Le père et la mère restèrent à côté du nid jusqu’à ce que les haleurs fussent tout près. Ils ne s’envolèrent qu’à la dernière extrémité ; encore ne s’éloignèrent-ils que juste assez pour sauvegarder leur propre liberté. Les pauvres bêtes poussaient des cris déchirants, moitié de terreur, moitié pour, attirer à elles leur jeune couvée. Les jeunes ne savaient pas encore voler ; mais ils étaient parvenus à un degré assez avancé de croissance pour s’enfuir à grandes enjambées.

Du radeau, on entendit crier les échassiers, et Katrinka, saisie de pitié pour leur détresse, cria aux haleurs :

« Laissez-les, n’y touchez pas ! »

Mais ils n’entendirent pas cet ordre charitable… ou bien ils ne voulurent pas l’avoir entendu, emportés qu’ils étaient par l’intérêt de leur poursuite.

C’était chez eux pur enfantillage et non méchanceté raisonnée. Peut-être aussi avaient-ils la folle idée de prendre vivante toute cette famille de slangvreters pour la transporter sur le radeau, où elle aurait fait l’amusement des enfants de la colonie. Les Vee-Boërs, en effet, apprivoisent les secrétaires, qui servent de défenseurs au menu peuple de leurs basses-cours.

Cinq ou six Cafres s’étaient déjà mis à la poursuite des jeunes oiseaux et ne cessèrent pas leur chasse après l’ordre de Katrinka. Les slangvreters fuyaient aussi vite que leurs grandes échasses, encore un peu faibles, le leur permettaient ; ils seraient sans doute parvenus à s’échapper, sans une excavation de terrain qui se trouva sur leur passage. Tout préoccupés de leurs persécuteurs, ils n’aperçurent pas ce trou dans lequel ils tombèrent tous les deux. Ils restèrent là à se débattre comme au fond d’un piège, leur chute leur ayant ôté les moyens d’en sortir. L’un avait les deux pattes cassées ; l’autre, une patte et une aile fort endommagées.

Cet accident est très fréquent chez les oiseaux de cette espèce. Les échassiers ont des jambes tellement fragiles, qu’elles se brisent net à la moindre chute.

En relevant ces jeunes slangvreters, les Hottentots constatèrent avec regret que leurs fractures étaient si graves qu’il n’y avait aucun espoir de les remettre par le traitement usité en pareil cas. Pour sauver aux oiseaux les tortures de l’agonie, ils leur tordirent le cou et reprirent leur marche, apitoyés ou non par les cris des pauvres parents qui volèrent autour des ruines de leur nid désormais désert.

Les Cafres et les Hottentots ont le cœur peu sensible ; il est probable que les plaintes des pauvres échassiers ne les touchaient guère.

Bientôt après, les haleurs firent une seconde rencontre moins agréable et qui avait tout l’air d’un châtiment du ciel.

À mesure qu’ils avançaient, la chaleur devenait plus accablante.
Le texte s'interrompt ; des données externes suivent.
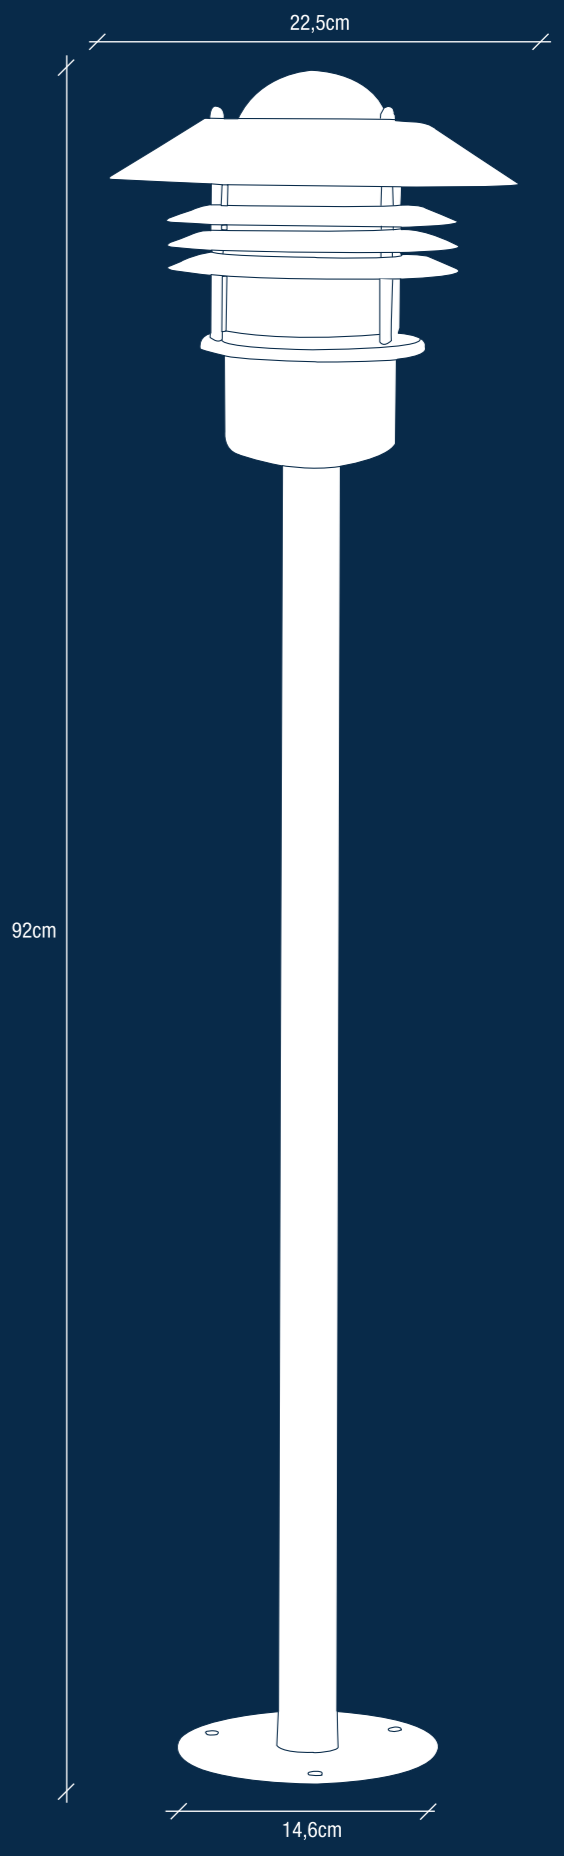

15
YEARS
GUARANTEE

BULB
NOT
INCLUDED

DESIGNED FOR
OUTDOOR USE

VEJERS

nordlux®

DESIGNED FOR
OUTDOOR USE

nordlux®

La température était celle d’une serre chaude. Les haleurs n’auraient plus eu la moindre envie de courir après n’importe quelle prise ; ils ne riaient plus entre eux, ne parlaient pas et traînaient la jambe. Le poids seul de la corde de halage devenait fatigant sous ce ciel de feu ; au lieu de la porter, ils la laissaient languissamment raser la terre derrière eux.

Du radeau, l’on trouvait que les haleurs en prenaient à leur aise, car l’allure en avant se ralentissait. Le baas héla les Hottentots et leur ordonna d’accélérer le mouvement. Quelle ne fut pas la surprise de tous les colons lorsqu’ils virent tout à coup les haleurs lâcher le cordage, comme si c’eût été un fer rouge, et se mettre à sauter, à gambader en remuant avec frénésie bras et jambes. La troupe entière des Hottentots à terre parut atteinte subitement de la danse de Saint-Guy.

Ce n’était pas un jeu de la part des haleurs ; leurs cris, leurs mouvements désordonnés, leurs contorsions, exprimaient la douleur. Les uns s’élançaient dans la prairie et se roulaient à terre ; les autres couraient affolés le long de la rive ; mais la plupart se jetèrent dans le fleuve et nagèrent vers le radeau, fuyant un ennemi, invisible pour les passagers.

« Qu’y a-t-il ?… que se passe-t-il donc ?

Ces questions sortaient de toutes les bouches.

Lorsque les nageurs furent assez près pour s’expliquer, l’énigme fut résolue. Chaque homme était assailli par un tourbillon d’abeilles.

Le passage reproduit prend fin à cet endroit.